While copying the entries exactly, leave out each picture they contain.

----- Available data

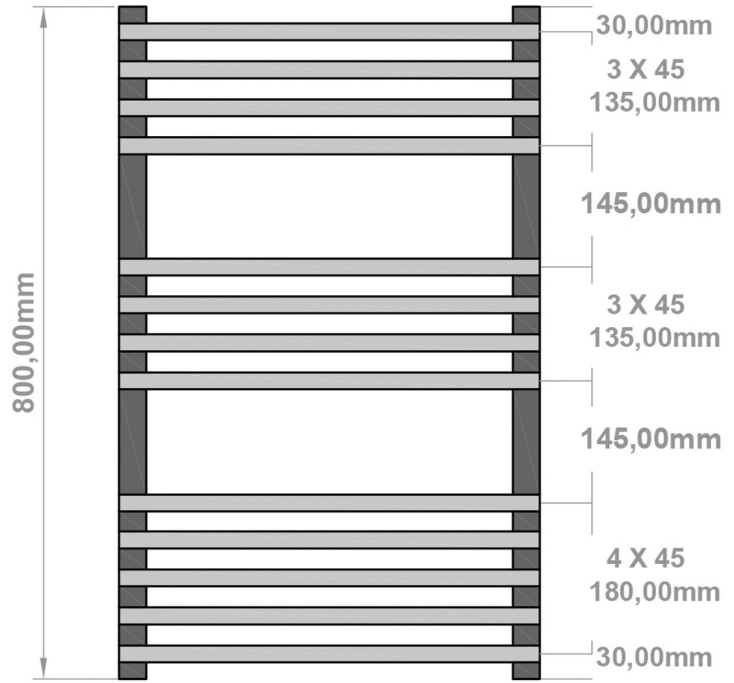

Rowsham Towel Rail 800 x 500mm.

Technical Drawing

A SECTION

Eastbrook
Eastbrook Road, Gloucester GL4 3DB
Technical Helpline : 01452 317890
Mon - Fri / 8am - 5pm
Email : technical@eastbrookco.com
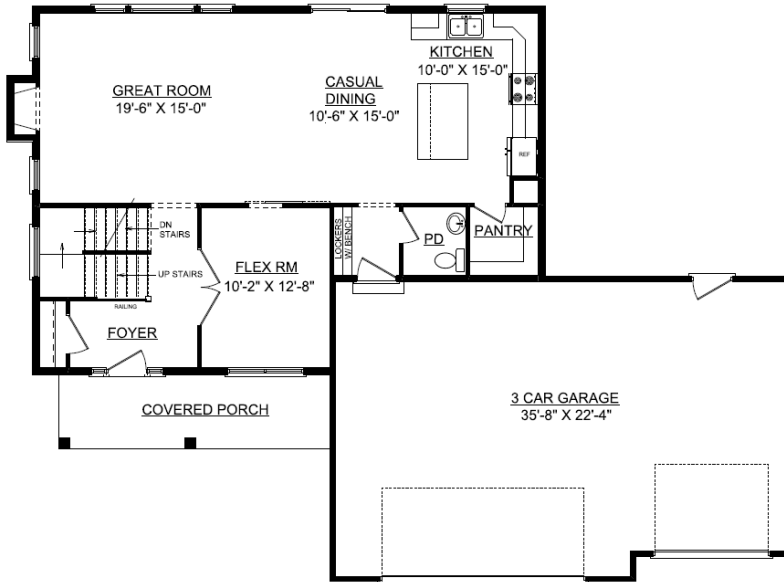

Summerbrooke

First Floor
1,063 sq.ft.

Second Floor
1,190 sq.ft.

Basement
677 sq.ft.
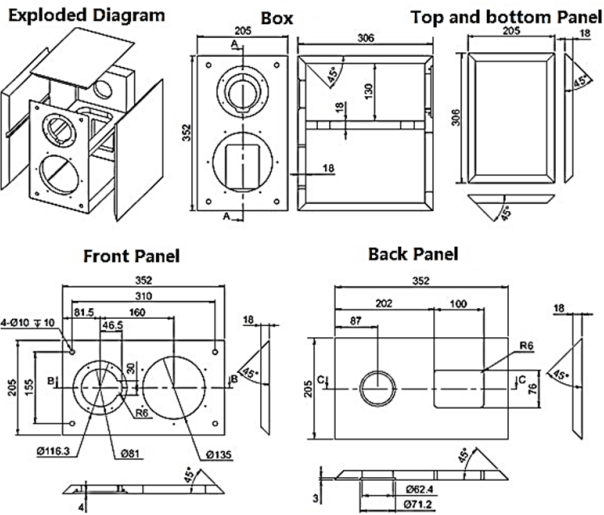

Swan Speaker Cabinet Kit

Model	Image	Product Mix	
		Woofer	Tweeter
DIY2.2		D6.8-IIB	Q1R

Frequency Response Curve

Crossover point curve

Impedance and Phase Curves

Step Response

Plus or minus 30 degrees vertical directivity

Harmonic Distortion 2.83V/1m

Divider circuit diagram

Wiring diagram
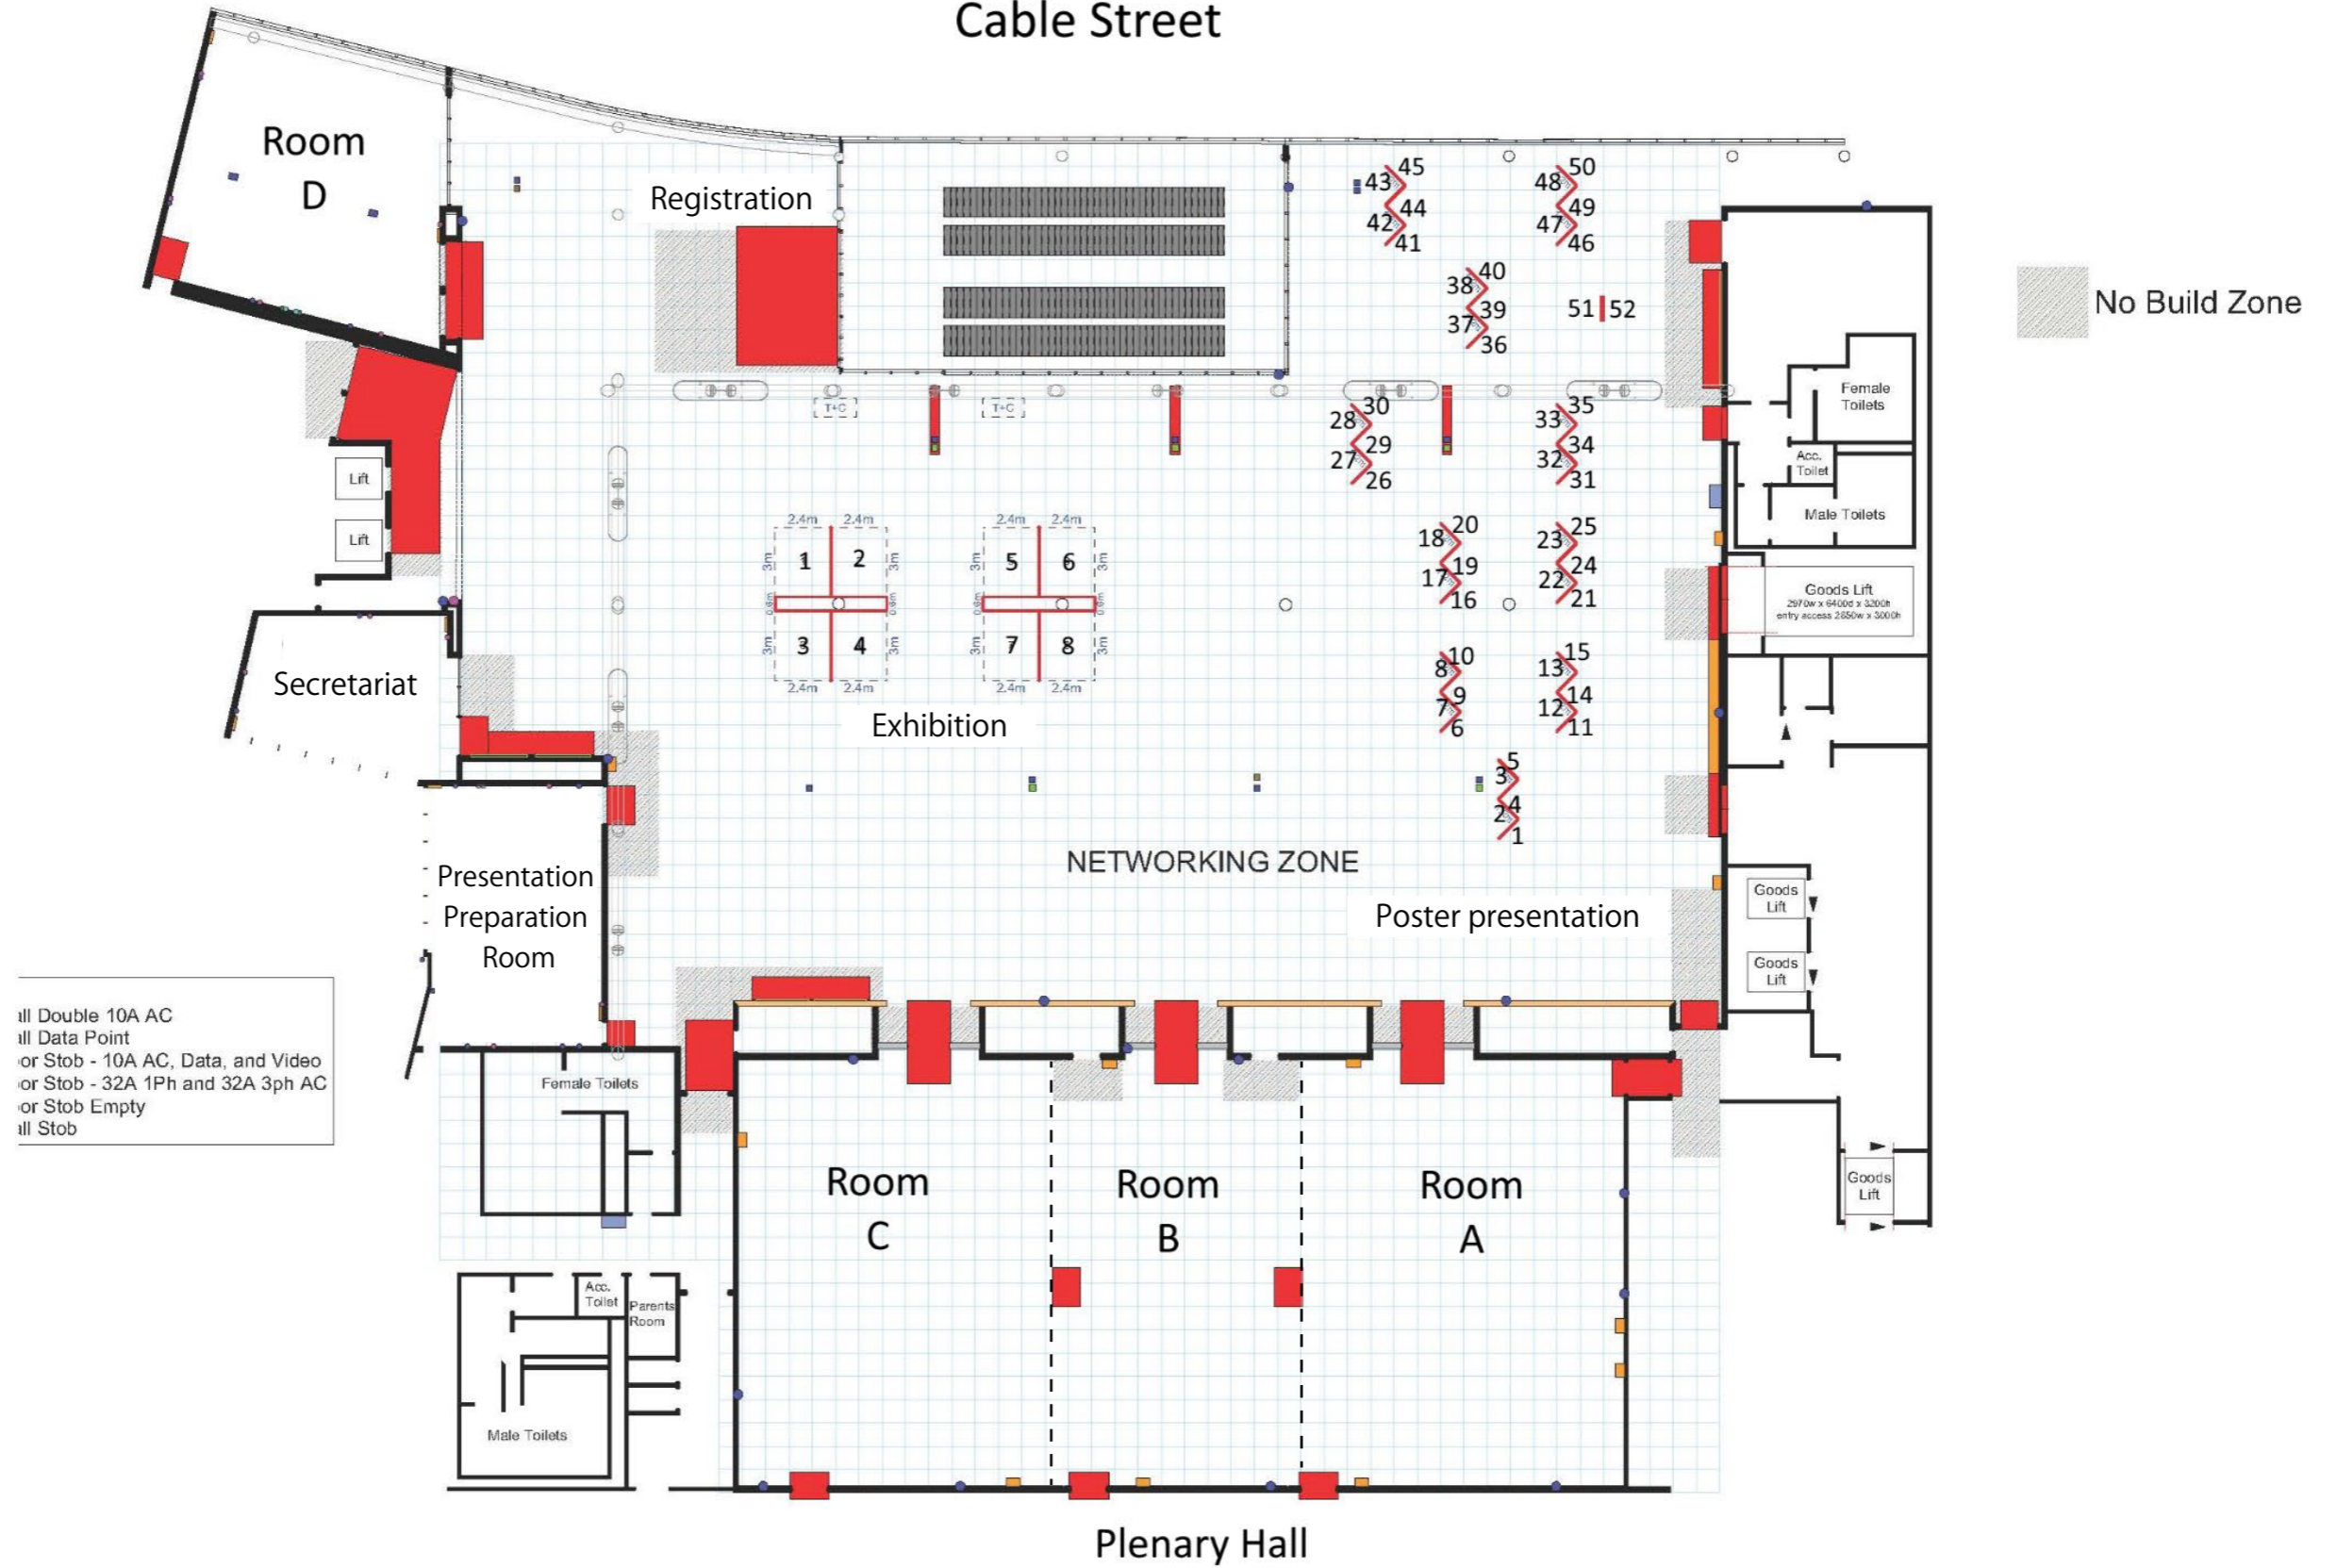

Cable Street

ill Double 10A AC
 ill Data Point
 or Stob - 10A AC, Data, and Video
 or Stob - 32A 1Ph and 32A 3ph AC
 or Stob Empty
 ill Stob

LEVEL 1
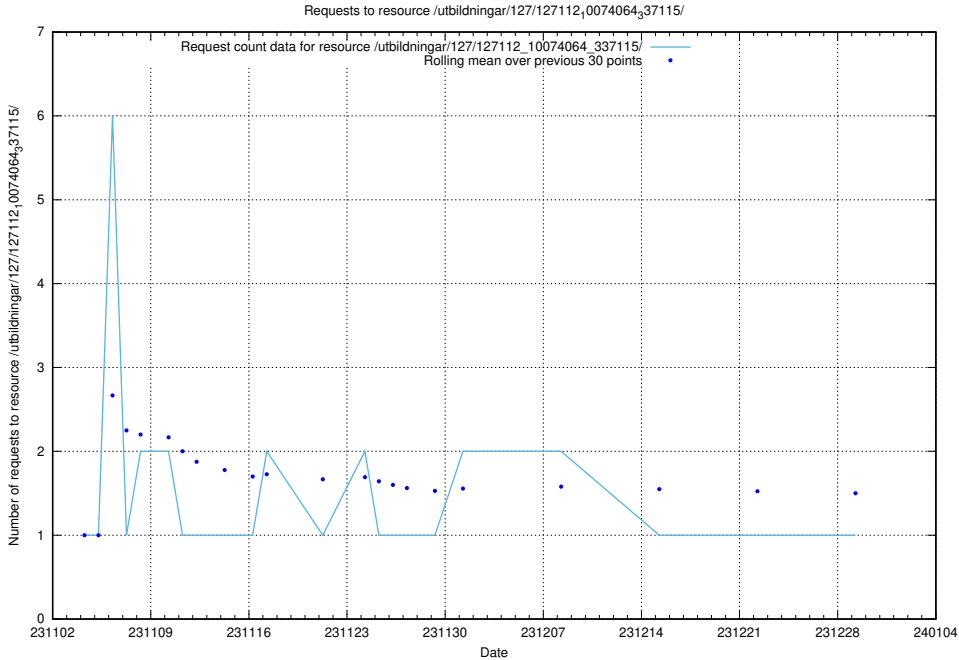

5.4383 Usage of /utbildningar/127/127112_10074064_337115/

Here, we count the number of requests to resource /utbildningar/127/127112_10074064_337115/.
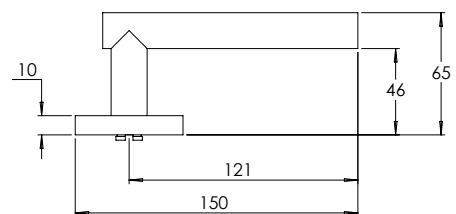

madinoz MDZ L55T-PVZ
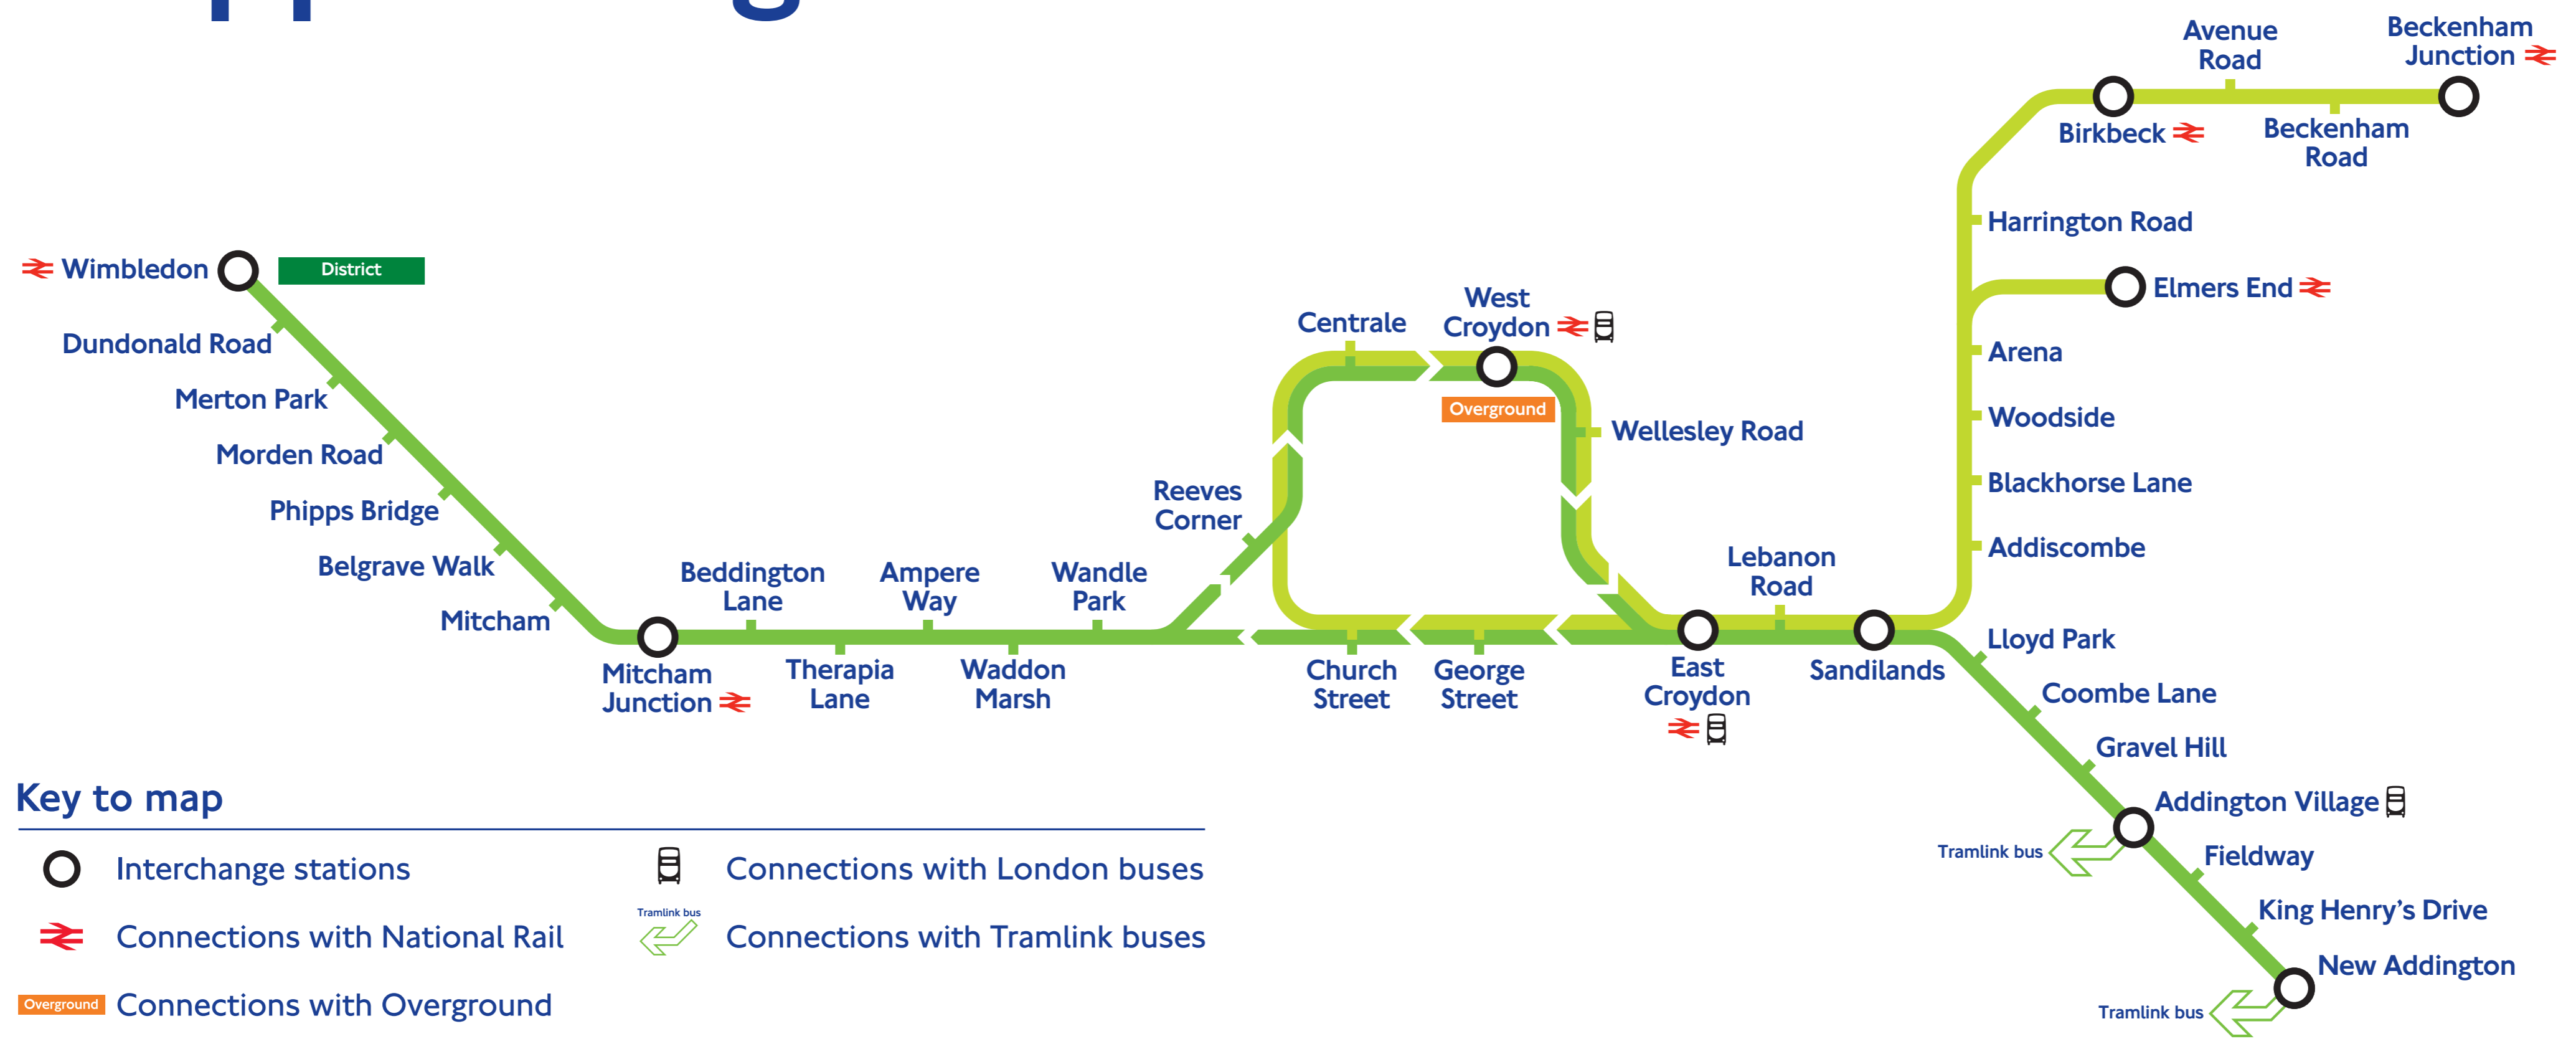

London Tramlink timetable information

Phipps Bridge

Timetable

Phipps Bridge to Wimbledon

	First	Morning service										Peak service			Evening service		
Monday to Friday	0526	0546	0606	0626	0641	0649	0656	0703	0709			0720	then every 7/8 mins until	2059	2114	then at 29, 44, 59, 14 mins past until	0029
Saturday	0526	0546	0606	0626	0646	0701	0716	0731	0746	0801	then every 7/10 mins until	0857	then every 7/8 mins until	1820	1830	then at 44, 59, 14, 29 mins past until	0029
Sunday	0659											0714	then at 29, 44, 59, 14 mins past until				0029

T = Therapia Lane only.

Tram network frequencies

From	To	Approximate journey time	Peak periods Frequency Mon - Fri: 0730 hrs - 1850 hrs Saturday: 0900 hrs - 1750 hrs	Off-peak periods Frequency Mon - Fri: after 1850 hrs Saturday: before 0900 and after 1750 hrs Sunday: all day	First tram		Last tram (everyday)	
					Monday - Saturday	Sunday	Depart	Arrive
Elmers End	West Croydon	15 mins	12 mins	15 mins	0451	0721	0021T	0039
West Croydon	Elmers End	16 mins	12 mins	15 mins	0429	0659	0044	0059
Beckenham Junction	West Croydon	22 mins	12 mins	15 mins	0535	0720	0020T	0044
West Croydon	Beckenham Junction	24 mins	12 mins	15 mins	0509	0654	0039	0101
New Addington	Wimbledon	43 mins	7/8 mins Δ	15 mins♦	0450	0638*	2353†	0035
Wimbledon	New Addington	45 mins	7/8 mins Δ	15 mins♦	0539*	0719*	0019†	0103

Times shown above are a guide only. Please see timetable leaflet or departure times posters at each stop for full details.
 ♦ New Addington to Wimbledon and Wimbledon to New Addington is 20 minutes before 0600 Monday - Saturday.
 † Later trams run to Therapia Lane and do not serve Centrale and West Croydon. * Earlier trams start from Therapia Lane. † Later trams run to Therapia Lane only.
 The services from Elmers End and Beckenham Junction to/from West Croydon each run every 10 minutes 0700-0930 Monday-Friday.
 Δ Until 2100 Monday - Friday.
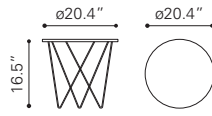

◀ **Macho Side Table**

404069 Walnut

Wood Veneer &
Chromed Steel

----------

- Solution to the problem:
Rowsham Towel Rail 800 x 500mm.

Technical Drawing

A SECTION

Eastbrook
Eastbrook Road, Gloucester GL4 3DB
Technical Helpline : 01452 317890
Mon - Fri / 8am - 5pm
Email : technical@eastbrookco.com

Summerbrooke

First Floor
1,063 sq.ft.

Second Floor
1,190 sq.ft.

Basement
677 sq.ft.

Swan Speaker Cabinet Kit

Model	Image	Product Mix	
		Woofer	Tweeter
DIY2.2		D6.8-IIB	Q1R

Frequency Response Curve

Crossover point curve

Impedance and Phase Curves

Step Response

Plus or minus 30 degrees vertical directivity

Harmonic Distortion 2.83V/1m

Divider circuit diagram

Wiring diagram

Cable Street

ill Double 10A AC
 ill Data Point
 or Stob - 10A AC, Data, and Video
 or Stob - 32A 1Ph and 32A 3ph AC
 or Stob Empty
 ill Stob

LEVEL 1

5.4383 Usage of /utbildningar/127/127112_10074064_337115/

Here, we count the number of requests to resource /utbildningar/127/127112_10074064_337115/.

madinoz MDZ L55T-PVZ

London Tramlink timetable information

Phipps Bridge

Timetable

Phipps Bridge to Wimbledon

	First	Morning service										Peak service			Evening service		
Monday to Friday	0526	0546	0606	0626	0641	0649	0656	0703	0709			0720	then every 7/8 mins until	2059	2114	then at 29, 44, 59, 14 mins past until	0029
Saturday	0526	0546	0606	0626	0646	0701	0716	0731	0746	0801	then every 7/10 mins until	0857	then every 7/8 mins until	1820	1830	then at 44, 59, 14, 29 mins past until	0029
Sunday	0659											0714	then at 29, 44, 59, 14 mins past until				0029

T = Therapia Lane only.

Tram network frequencies

From	To	Approximate journey time	Peak periods Frequency Mon - Fri: 0730 hrs - 1850 hrs Saturday: 0900 hrs - 1750 hrs	Off-peak periods Frequency Mon - Fri: after 1850 hrs Saturday: before 0900 and after 1750 hrs Sunday: all day	First tram		Last tram (everyday)	
					Monday - Saturday	Sunday	Depart	Arrive
Elmers End	West Croydon	15 mins	12 mins	15 mins	0451	0721	0021T	0039
West Croydon	Elmers End	16 mins	12 mins	15 mins	0429	0659	0044	0059
Beckenham Junction	West Croydon	22 mins	12 mins	15 mins	0535	0720	0020T	0044
West Croydon	Beckenham Junction	24 mins	12 mins	15 mins	0509	0654	0039	0101
New Addington	Wimbledon	43 mins	7/8 mins Δ	15 mins♦	0450	0638*	2353†	0035
Wimbledon	New Addington	45 mins	7/8 mins Δ	15 mins♦	0539*	0719*	0019†	0103

Times shown above are a guide only. Please see timetable leaflet or departure times posters at each stop for full details.
 ♦ New Addington to Wimbledon and Wimbledon to New Addington is 20 minutes before 0600 Monday - Saturday.
 † Later trams run to Therapia Lane and do not serve Centrale and West Croydon. * Earlier trams start from Therapia Lane. † Later trams run to Therapia Lane only.
 The services from Elmers End and Beckenham Junction to/from West Croydon each run every 10 minutes 0700-0930 Monday-Friday.
 Δ Until 2100 Monday - Friday.

◀ **Macho Side Table**

404069 Walnut

Wood Veneer &
Chromed Steel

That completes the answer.